Adapun yang diriwayatkan dari Ibnu Umar bahwa ia mencuci kakinya tujuh kali, maka perbuatan shahabat tidak dapat dijadikan sebagai hujjah, dan hal itu dapat dipahami bahwa ia mencuci najis empat kali yang tidak dapat hilang melainkan dengan jumlah tersebut, dan juga dalil atas wajibnya menyela-nyela ruas jari.
Telah ditegaskan pula dalam hadits Ibnu Abbas sebagai telah disebutkan yang diriwayatkan oleh At Tirmidzi, Ahmad, Ibnu Majah dan Al Hakim dan dihasankan Al Bukhari.

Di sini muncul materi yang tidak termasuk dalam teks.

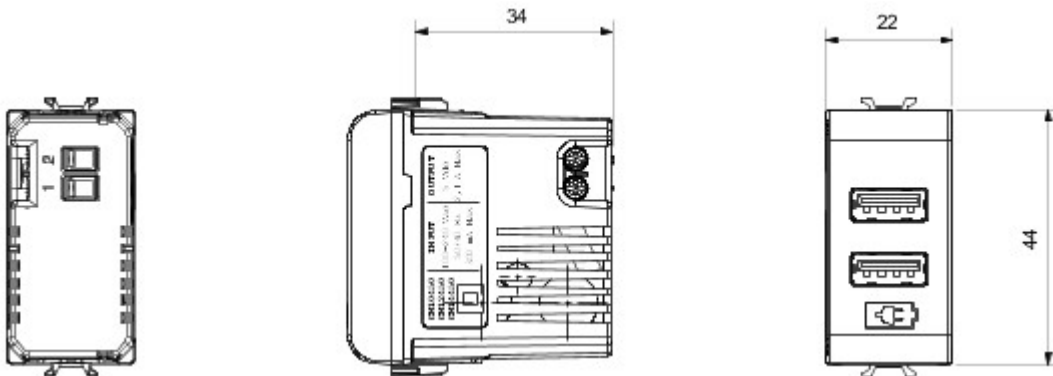

Grote verscheidenheid aan schakelaars, elektriciteitscontactdozen (in overeenstemming met nationale en internationale normen), gegevenscontactdozen, toestellen voor klimaatregeling, comfort, signalering van technische alarmen, noodverlichting. De modulaire Chorus toestellen zijn leverbaar in vier kleuren: glanzend wit, satijnzwart, gelakt titanium en glanzend ivoor en in verschillende modulariteiten met 1/2, 1, 2 en 3 modules. Dankzij de framehouders voor rechthoekige, vierkante en ronde dozen kunt u de toestellen eindeloos combineren met de serie Chorus platen.

Categorie	USB power supply	Kleur	Glossy white
Uitgang spanning	5 V DC	Max. stroom meegeleverd	2,1 A
Standaard	IEC 62368-1:2018; EN 61000-6-1; EN 61000-6-3	Aansluitklemmen voor bekabeling	Met schroef
Aanspanvermogen aansluitklem flexibele kabels (mm²)	min. 1 - max. 2x1,5	Aanspanvermogen aansluitklem starre kabels (mm²)	min. 1 - max. 2x1,5
Aantal modules	1	Electrocod	0144

DIMENSIONAL

STANDARDS/APPROVALS

GEWISS S.p.A. Via A. Volta, 1
24069 Cenate Sotto - Bergamo - Italy
tel. +39 035 94 61 11 fax +39 035 94 69 09

www.gewiss.com
sat@gewiss.com
Last update 24/04/2024

Data, measures, designs and pictures are shown only as informative purposes, and could be changed without previous notice

Adapun cara meratakan air pada anggota wudhu adalah menyela-nyela bagian yang dibasuh dengan jari kelingking tangan kiri. Ini tidak terdapat dalam nash, hanya saja Al Ghazali berkata, “dilakukannya dengan tangan kiri diqiyaskan atas istinja”, dan dimulai dengan bagian bawah jari. Abu Daud dan At Tirmidzi meriwayatkan hadits dari Al Mustaurid bin Syaddad:
«رَأَيْت رَسُولَ اللَّهِ - صَلَّى اللَّهُ عَلَيْهِ وَسَلَّمَ - إذَا تَوَضَّأَ يُدَلِّكُ بِخِنْصَرِهِ مَا بَيْنَ أَصَابِعِ رِجْلَيْهِ»
“Aku melihat Rasulullah SAW jika berwudhu beliau menggosok ruas jari-jari kakinya dengan jari kelingkingnya.”
[Shahih: At Tirmidzi
40]
Dalam lafazh lain Ibnu Majah (يُخَلِّلُ) menyela-nyela sebagai ganti dari (يُدَلِّكُ) menggosok.
Hadits tersebut menunjukkan perintah untuk bersungguh-sungguh dalam ber-istinsyaq (memasukkan air ke dalam hidung) bagi yang tidak berpuasa, namun tidak dianjurkannya bagi yang sedang berpuasa agar air tidak turun ke tenggorokannya yang dapat merusak puasanya. Hal itu menunjukkan bahwa mubalaghah (bersungguh-sungguh) tidak wajib, sebab seandainya wajib, nisacaya tidak diperbolehkan meninggalkannya.
Sabda beliau dalam riwayat Abu Daud, “Jika engkau berwudhu maka berkumur-kumurlah”, dijadikan dalil wajibnya berkumur-kumur. Bagi yang berpendapat bahwa berkumur-kumur tidak wajib, ia menjadikannya Sunnah dengan indikasi yang telah disebutkan dalam hadits Rifa’ah bin Rafi mengenai perintah Rasulullah SAW terhadap Arab Badui berkenaan dengan tata cara wudhu, yang shalat tidak sah tanpa dengannya. Dalam tata cara wudhu tersebut tidak disebutkan kumur-kumur dan istinsyaq.